* **What you need to do**
Show each line from the records below in which the word "Offices" occurs.

Data entries
____

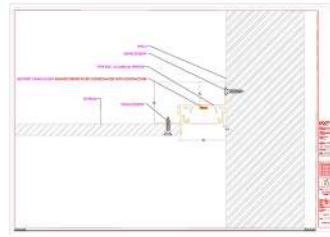

Title of work **Ajial Offices**
Type of building **Offices**
Consultant **PAD10**
Location of work **Kuwait**
Year of completion **2021**

CONCEPT
We created a lighting concept that uses hidden lights and lines to create a sense of depth and movement, mystery, intrigue order and structure.

Layout

details

____

* **Solution to the exercise**
Title of work **Ajial Offices**
Type of building **Offices**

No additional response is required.